Content-Transfer-Encoding: 7bit
Return-path: <dri-devel-bounces+sf-dri-devel=m.gmane.org@lists.freedesktop.org>
Received: from smtp-outbound-1.vmware.com (smtp-outbound-1.vmware.com
	[65.115.85.69])
	by gabe.freedesktop.org (Postfix) with ESMTP id 5949D9E7AF
	for <dri-devel@lists.freedesktop.org>;
	Sun, 28 Nov 2010 12:37:55 -0800 (PST)
In-Reply-To: <87y68dl97k.fsf@gmail.com>
List-Unsubscribe: <http://lists.freedesktop.org/mailman/options/dri-devel>,
	<mailto:dri-devel-request@lists.freedesktop.org?subject=unsubscribe>
List-Archive: <http://lists.freedesktop.org/archives/dri-devel>
List-Post: <mailto:dri-devel@lists.freedesktop.org>
List-Help: <mailto:dri-devel-request@lists.freedesktop.org?subject=help>
List-Subscribe: <http://lists.freedesktop.org/mailman/listinfo/dri-devel>,
	<mailto:dri-devel-request@lists.freedesktop.org?subject=subscribe>
Sender: dri-devel-bounces+sf-dri-devel=m.gmane.org@lists.freedesktop.org
Errors-To: dri-devel-bounces+sf-dri-devel=m.gmane.org@lists.freedesktop.org
To: Francisco Jerez <currojerez@gmail.com>
Cc: dri-devel@lists.freedesktop.org
List-Id: dri-devel@lists.freedesktop.org

On 11/28/2010 05:11 PM, Francisco Jerez wrote:
> Francisco Jerez<currojerez@riseup.net>  writes:
>
>    
>> Thomas Hellstrom<thomas@shipmail.org>  writes:
>>
>>      
>>> Ben,
>>>
>>> I'm looking at a way to make TTM memory management asynchronous with
>>> the CPU. The idea is that you should basically be able to DMA data to
>>> and from memory regions without waiting for idle, as long as the GPU
>>> has a means to provide operation ordering.
>>>
>>>        
>> Sounds good. I guess you're mainly dealing with BO eviction
>> synchronization? The only problem I see on our side is that calls to our
>> move() hook aren't guaranteed to be carried out in order (because of the
>> multiple hardware channels). I'm thinking that move() could be extended
>> with an optional sync_obj argument, that way move() would be able to
>> make sure that evictions are strictly ordered with respect to the fence
>> specified.
>>      
The way evictions will work is that they appear to take place 
"instantly", but are scheduled on a channel, and there will be a data 
structure that keeps track about what fences need to be signaled before 
a managed area can be reused.

The driver will need to provide a function that, given a list of fences, 
returns a fence that when it signals, guarantees that all other fences 
in the list have signaled.
Single-channel hardware will just return the fence with the highest 
sequence. Multi-channel hardware may need to insert command stream 
barriers if available and create a new sync object to return or resort 
to simply waiting to determine which fence signals last.

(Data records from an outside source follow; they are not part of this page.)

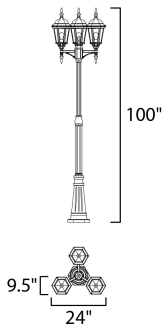

**PRODUCT DESCRIPTION**

Poles is a traditional style from Maxim Lighting International in Black, or Rust Patina finish.

**MEASUREMENTS**

DIMENSION : 24" W x 100" H  
 MAX OAH : 7.96" W x 7.96" H  
 HANGING WEIGHT : 23.54 lb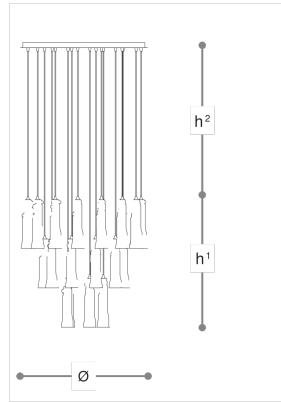

576/30 Boboli

ROBERTA VITADELLO
 STEFANO TRAVERSO

Opera

Pendant composed of blown ruled glass diffusers in transparent and blue fumè colours. Metal structure with chrome finish.

WORLDWIDE

Dimensions	Light Source	Kg	Dimming	Dimming on request
Ø 80 - h ¹ 78 - h ² 10-100	30w - 3440 lumen - CRI>80 - 3000K	30	Not included	TRIAC - CASAMBI

NORTH AMERICA

Dimensions	Light Source	Lb	Dimming	Dimming on request
Ø 31 - h ¹ 31 - h ² 4-39	30w - 3440 lumen - CRI>80 - 3000K	66		

CODE	Structure METAL	Diffuser GLASS
00576300 001	<input checked="" type="radio"/> C Chrome	<input type="radio"/> TRANSPARENT
00576300 002	<input checked="" type="radio"/> C Chrome	<input checked="" type="radio"/> SMOKE
		<input type="radio"/> TRANSPARENT

Note

Technical drawing, dimensions and light sources refer to the main photo variant. Dimming on request could lead to an increase in the size of the canopy. For available color variants, consult the technical data sheet.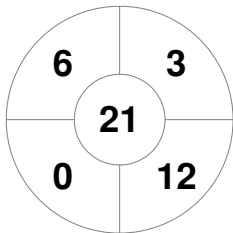

Hero Hockey World League Semi-Final (Men)
15 - 25 Jun 2017
London (ENG)

Match Statistics

Match #	Date	Time	Pool / Class	Pitch
9	17 Jun 2017	16:00	Pool A	

England

Full Time	7 - 3
Third Period	5 - 2
Half-time	2 - 2
First Period	2 - 0

Malaysia

Penalty Corners

ENG

MAS

Circle Entries

ENG

MAS

Shots

I guess Nouveau can do command stream barriers, (waiting for other 
channels to reach a certain command before progressing?)

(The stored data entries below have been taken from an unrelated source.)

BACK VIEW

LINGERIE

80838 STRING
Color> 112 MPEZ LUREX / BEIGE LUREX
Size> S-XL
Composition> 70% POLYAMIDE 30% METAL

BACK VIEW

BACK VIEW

Needless to say, drivers need not activate async operation if they don't 
want to, but for single-channel hardware it will hopefully be very simple.


>>      
>>> While doing that I looked a bit at the Nouveau fencing. It appears
>>> like waiting for fences is polling only (no irq to signal fences)? Is
>>> that correct?
>>>
>>>        
>> That's right, nvidia hardware has no nice way to schedule a fence-like
>> interrupt we could selectively turn on and off around the sync_obj_wait
>> hook. There's a bunch of (more or less) chipset-specific hacks that
>> could be used to get an equivalent effect, but polling has seemed good
>> enough so far (in the typical case we only take the "lazy" path so CPU
>> usage is still OK).
>>      

Indeed, I saw the same with unichromes. lazy for throttling and not lazy 
for other waits, although I ended up with a hrtimer polling loop in the 
non-lazy case, since software fallbacks tended to eat a lot of CPU while 
waiting for buffer idle.

/Thomas